• REQUIREMENT
Leave out the pictures and transcribe the rest of the records exactly.

### EXCERPTED RECORDS ###

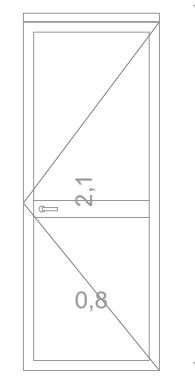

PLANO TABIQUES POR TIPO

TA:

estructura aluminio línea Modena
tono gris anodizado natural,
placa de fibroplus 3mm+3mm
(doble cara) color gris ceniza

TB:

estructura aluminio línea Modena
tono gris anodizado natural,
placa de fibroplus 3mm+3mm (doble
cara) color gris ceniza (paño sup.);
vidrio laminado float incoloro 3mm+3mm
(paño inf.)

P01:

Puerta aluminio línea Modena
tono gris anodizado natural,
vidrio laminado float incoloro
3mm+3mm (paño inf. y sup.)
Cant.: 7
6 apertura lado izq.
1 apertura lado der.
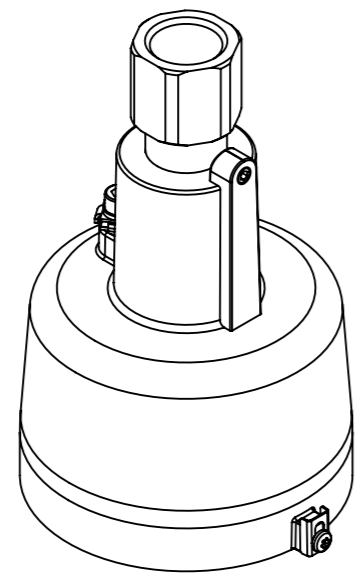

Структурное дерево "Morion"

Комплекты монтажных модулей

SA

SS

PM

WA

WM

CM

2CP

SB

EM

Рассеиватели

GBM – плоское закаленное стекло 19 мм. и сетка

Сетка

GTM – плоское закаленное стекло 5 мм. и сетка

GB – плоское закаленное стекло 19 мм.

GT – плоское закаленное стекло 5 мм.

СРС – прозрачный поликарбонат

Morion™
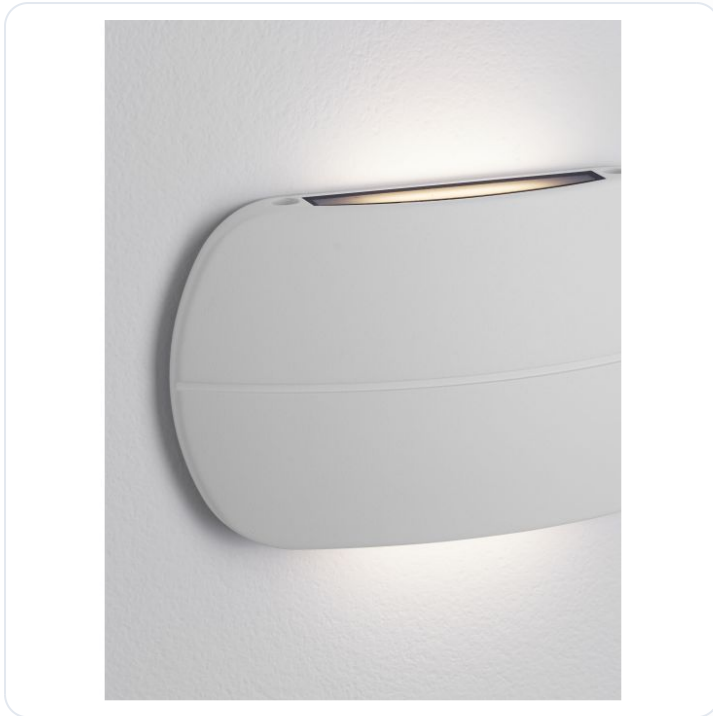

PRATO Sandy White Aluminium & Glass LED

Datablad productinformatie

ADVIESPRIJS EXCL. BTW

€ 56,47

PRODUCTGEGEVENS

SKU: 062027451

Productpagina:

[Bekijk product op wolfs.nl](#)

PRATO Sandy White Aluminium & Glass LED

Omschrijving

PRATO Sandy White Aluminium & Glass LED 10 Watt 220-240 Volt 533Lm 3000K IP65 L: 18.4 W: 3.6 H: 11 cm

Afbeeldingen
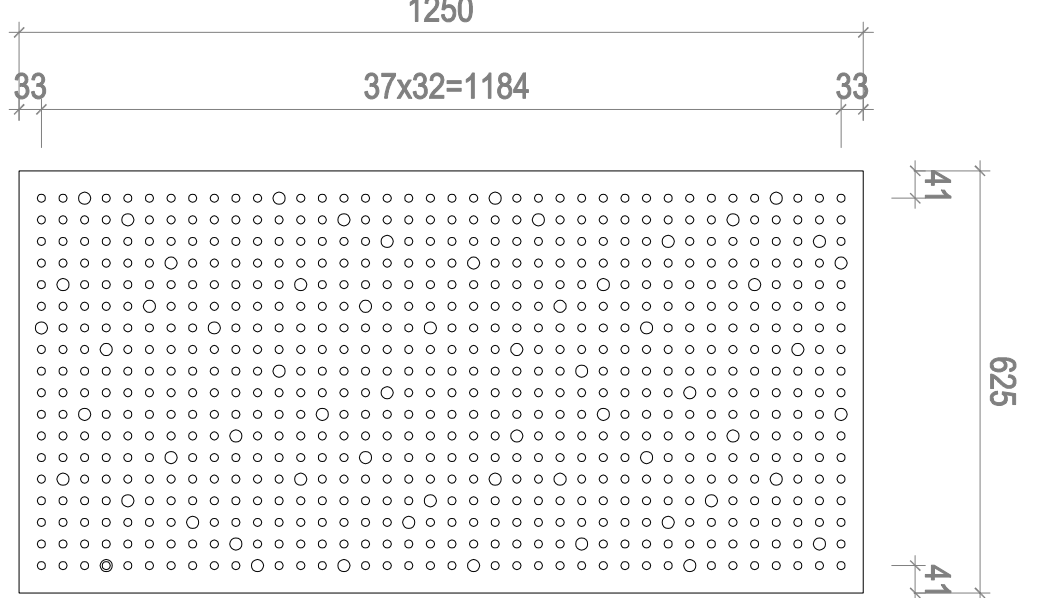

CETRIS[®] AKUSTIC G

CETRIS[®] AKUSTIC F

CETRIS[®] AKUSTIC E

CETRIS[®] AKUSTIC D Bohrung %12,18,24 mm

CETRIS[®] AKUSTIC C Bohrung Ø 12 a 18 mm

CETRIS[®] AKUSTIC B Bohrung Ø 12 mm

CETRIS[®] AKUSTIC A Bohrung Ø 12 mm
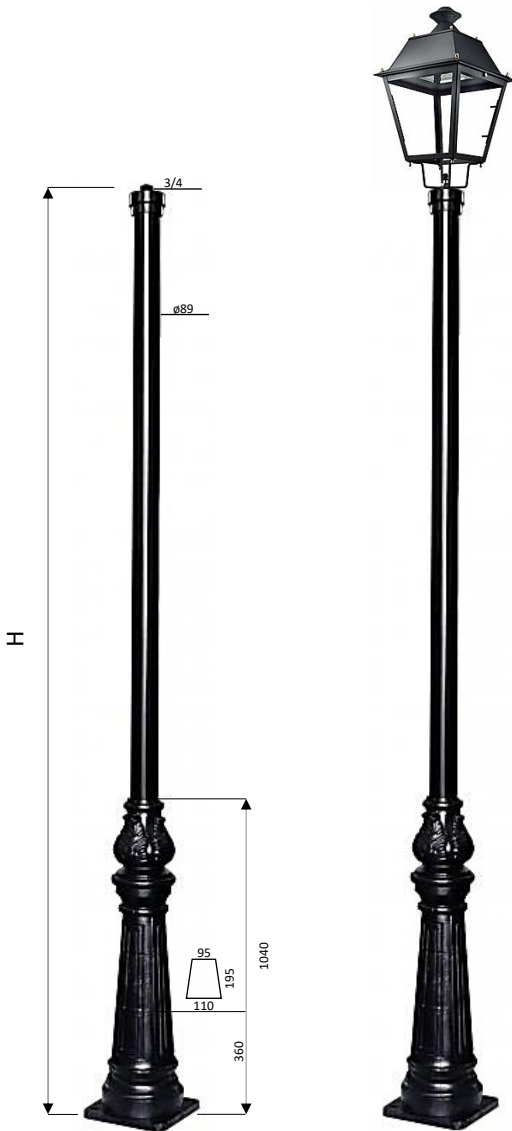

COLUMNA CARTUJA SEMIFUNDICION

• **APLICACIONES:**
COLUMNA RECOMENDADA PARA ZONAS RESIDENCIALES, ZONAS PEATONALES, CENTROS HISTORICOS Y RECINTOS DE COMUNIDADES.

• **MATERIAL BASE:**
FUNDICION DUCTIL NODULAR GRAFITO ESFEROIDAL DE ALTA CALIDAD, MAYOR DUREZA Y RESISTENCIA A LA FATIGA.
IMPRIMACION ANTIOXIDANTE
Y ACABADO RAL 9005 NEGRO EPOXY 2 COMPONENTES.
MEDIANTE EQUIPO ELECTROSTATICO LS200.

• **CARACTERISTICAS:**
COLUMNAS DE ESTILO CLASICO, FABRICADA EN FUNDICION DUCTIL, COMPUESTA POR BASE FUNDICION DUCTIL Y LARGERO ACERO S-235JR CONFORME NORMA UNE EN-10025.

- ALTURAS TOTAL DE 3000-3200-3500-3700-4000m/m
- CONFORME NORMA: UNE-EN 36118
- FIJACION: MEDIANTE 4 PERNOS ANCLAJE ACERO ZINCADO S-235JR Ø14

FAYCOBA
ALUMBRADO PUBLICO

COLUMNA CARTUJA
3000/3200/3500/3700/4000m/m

###

• TASK SOLUTION
PLANO TABIQUES POR TIPO

TA:

estructura aluminio línea Modena
tono gris anodizado natural,
placa de fibroplus 3mm+3mm
(doble cara) color gris ceniza

TB:

estructura aluminio línea Modena
tono gris anodizado natural,
placa de fibroplus 3mm+3mm (doble
cara) color gris ceniza (paño sup.);
vidrio laminado float incoloro 3mm+3mm
(paño inf.)

P01:

Puerta aluminio línea Modena
tono gris anodizado natural,
vidrio laminado float incoloro
3mm+3mm (paño inf. y sup.)
Cant.: 7
6 apertura lado izq.
1 apertura lado der.

Структурное дерево "Morion"

Комплекты монтажных модулей

SA

SS

PM

WA

WM

CM

2CP

SB

EM

Рассеиватели

GBM – плоское закаленное стекло 19 мм. и сетка

Сетка

GTM – плоское закаленное стекло 5 мм. и сетка

GB – плоское закаленное стекло 19 мм.

GT – плоское закаленное стекло 5 мм.

СРС – прозрачный поликарбонат

Morion™

PRATO Sandy White Aluminium & Glass LED

Datablad productinformatie

ADVIESPRIJS EXCL. BTW

€ 56,47

PRODUCTGEGEVENS

SKU: 062027451

Productpagina:

[Bekijk product op wolfs.nl](#)

PRATO Sandy White Aluminium & Glass LED

Omschrijving

PRATO Sandy White Aluminium & Glass LED 10 Watt 220-240 Volt 533Lm 3000K IP65 L: 18.4 W: 3.6 H: 11 cm

Afbeeldingen

CETRIS[®] AKUSTIC G

CETRIS[®] AKUSTIC F

CETRIS[®] AKUSTIC E

CETRIS[®] AKUSTIC D Bohrung %12,18,24 mm

CETRIS[®] AKUSTIC C Bohrung Ø 12 a 18 mm

CETRIS[®] AKUSTIC B Bohrung Ø 12 mm

CETRIS[®] AKUSTIC A Bohrung Ø 12 mm

COLUMNA CARTUJA SEMIFUNDICION

• **APLICACIONES:**
COLUMNA RECOMENDADA PARA ZONAS RESIDENCIALES, ZONAS PEATONALES, CENTROS HISTORICOS Y RECINTOS DE COMUNIDADES.

• **MATERIAL BASE:**
FUNDICION DUCTIL NODULAR GRAFITO ESFEROIDAL DE ALTA CALIDAD, MAYOR DUREZA Y RESISTENCIA A LA FATIGA.
IMPRIMACION ANTIOXIDANTE
Y ACABADO RAL 9005 NEGRO EPOXY 2 COMPONENTES.
MEDIANTE EQUIPO ELECTROSTATICO LS200.

• **CARACTERISTICAS:**
COLUMNAS DE ESTILO CLASICO, FABRICADA EN FUNDICION DUCTIL, COMPUESTA POR BASE FUNDICION DUCTIL Y LARGERO ACERO S-235JR CONFORME NORMA UNE EN-10025.

- ALTURAS TOTAL DE 3000-3200-3500-3700-4000m/m
- CONFORME NORMA: UNE-EN 36118
- FIJACION: MEDIANTE 4 PERNOS ANCLAJE ACERO ZINCADO S-235JR Ø14

FAYCOBA
ALUMBRADO PUBLICO

COLUMNA CARTUJA
3000/3200/3500/3700/4000m/m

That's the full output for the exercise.